Она смотрела на него ошарашенно; еле вымолвила:

– Мне нужно умереть, чтобы ты что-нибудь понял?

– Умри.

Она вмиг преобразилась: глаза её, почудилось Льву, красно вскипели пылом мести и презрения:

– Пошёл ты!..

– Правильно. Я пошёл.

– У тебя не будет счастья! – крикнула она вдогонку.

– Возможно. Но без тебя, сучки продажной, уже счастье.

Но шёл и тут же ругал себя: зачем, зачем глумиться над этой несчастной куколкой, унижать, растаптывать её? Она живёт, как может, у неё не хватит никаких сил, чтобы измениться хотя бы немножко. Да и какое ему дело до её мизерной морали, до её бессмысленной жизни?

– Сволочь, урод, мразь!

Она кинула камень.

Лев увернулся. Неторопливо уходил от неё, не оглядываясь и, быть может, не боясь, что другой камень может угодить в него. А она в истерике швыряла и швыряла в него. Потом опустилась на сырую весеннюю землю и зарыдала, стоя на коленях.
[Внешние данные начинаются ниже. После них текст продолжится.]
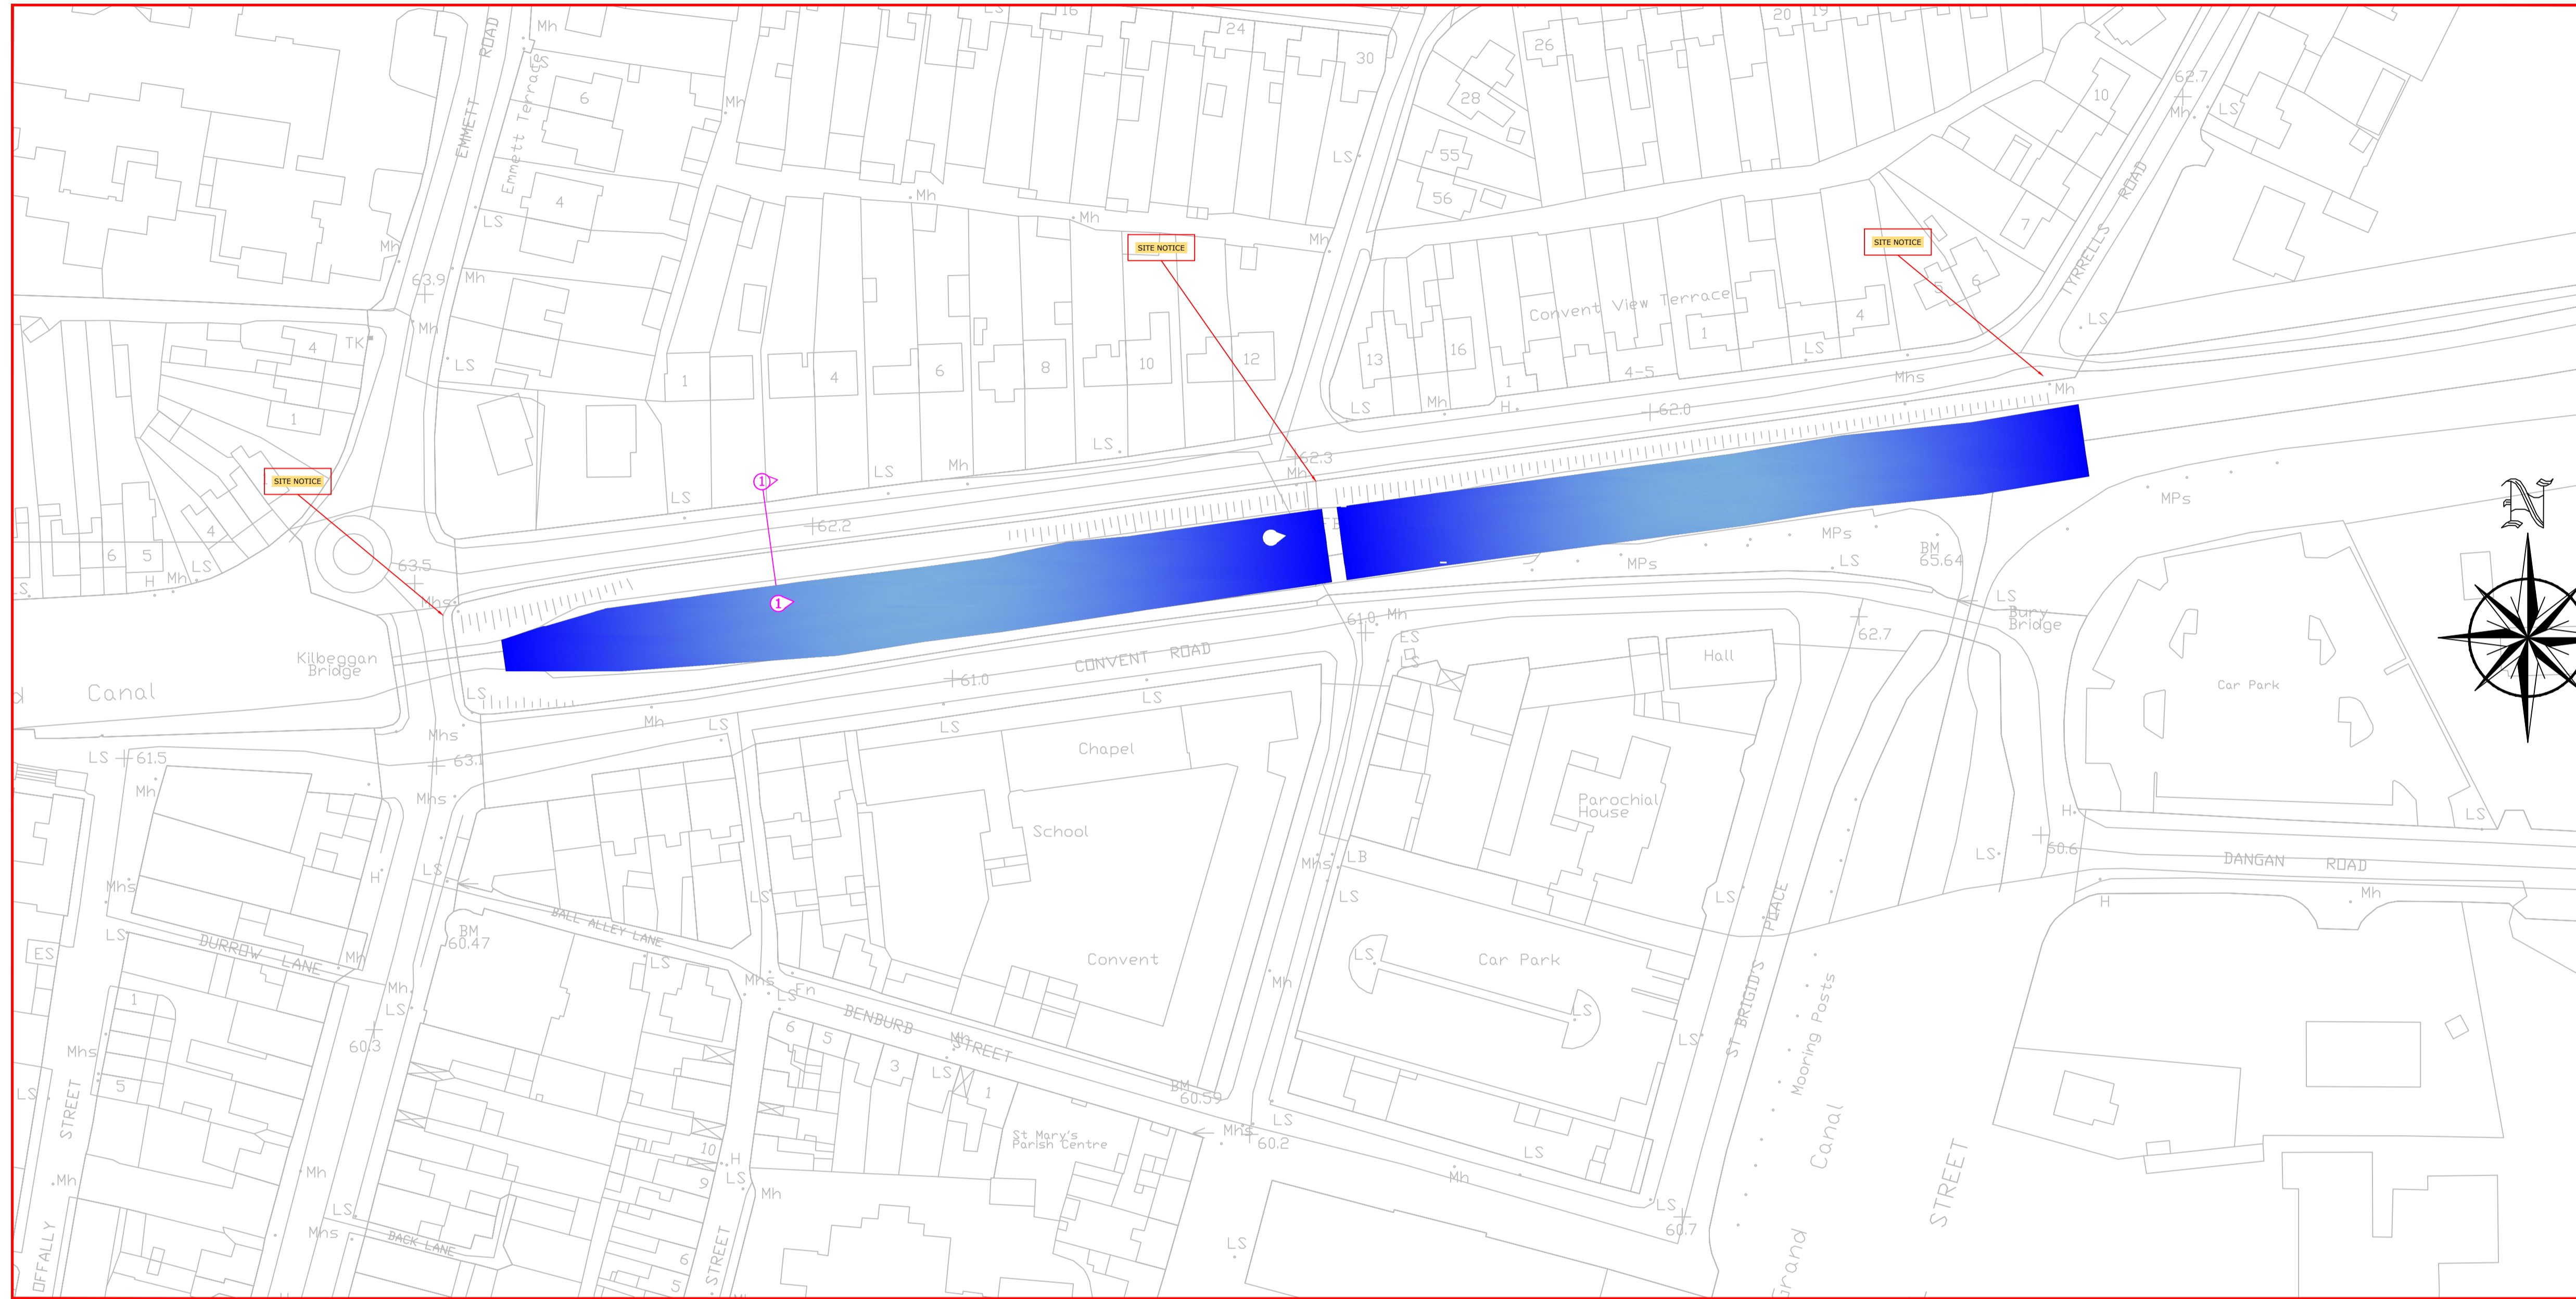

OFFALY COUNTY COUNCIL

URBAN GREENWAY, CONVENT VIEW- TULLAMORE, COUNTY OFFALY

EXISTING LAYOUT & SECTION

Legend

- Existing concrete kerb
- Existing Public Lighting
- Existing CCTV pole
- Existing street bollards
- Existing Flag Poles

PRELIMINARY ISSUE

DESCRIPTION	DATE	INT.	REV

Tom Shanahan,
Director of Services
Aras an Chontae,
Charleville Rd., Tullamore.

PROJECT
PART VIII PLANNING URBAN GREENWAY,
CONVENT VIEW, TULLAMORE.

TITLE
EXISTING LAYOUT & SECTIONS

SCALE	ROAD NO	PROJECT NO	DRAWING NO
AS PER SHEET		TMD-UG	001
	DATE	DRAWN BY	CHECKED
	15/03/22	J.D.	J.C.

Section 1 Existing Layout

Он мучительно переживал свой дикий, беспощадный и омерзительный до гадливости поступок, но извиняться не пошёл.

Спрашивал себя: строит он свою душу или – разрушает? А может быть, он строитель химер? Химер пустоты? Где же оно, его счастье, почему оно обходит его, почему жизнь всюду столь ничтожна, неуклюжа, пуста?

Но в самой-самой потаённой глубине своего разума он берёг знание и веру, что жизнь не так уж плоха и ничтожна, как люди и он сам время от времени о ней думают. Что она разная, что она многосторонняя, что она необъятная в своих проявлениях и устремлениях, что она, наконец, живая, текучая, неповторимая. Что её, не надо бы забывать, освещает солнце! Только во что бы то ни стало необходимо не затеряться и не раствориться в ней в какую-нибудь безличность, в безликость, в никчемность, – это самое страшное, что может быть уготовано, остро чувствовал он, живому человеку.


7


Лев демобилизовался, и можно было устремиться куда угодно – где строители не нужны? Но он поехал в Иркутск, потому что ему хотелось вернуться именно в этот город – в город его детства и юности, в город его мечтаний и надежд.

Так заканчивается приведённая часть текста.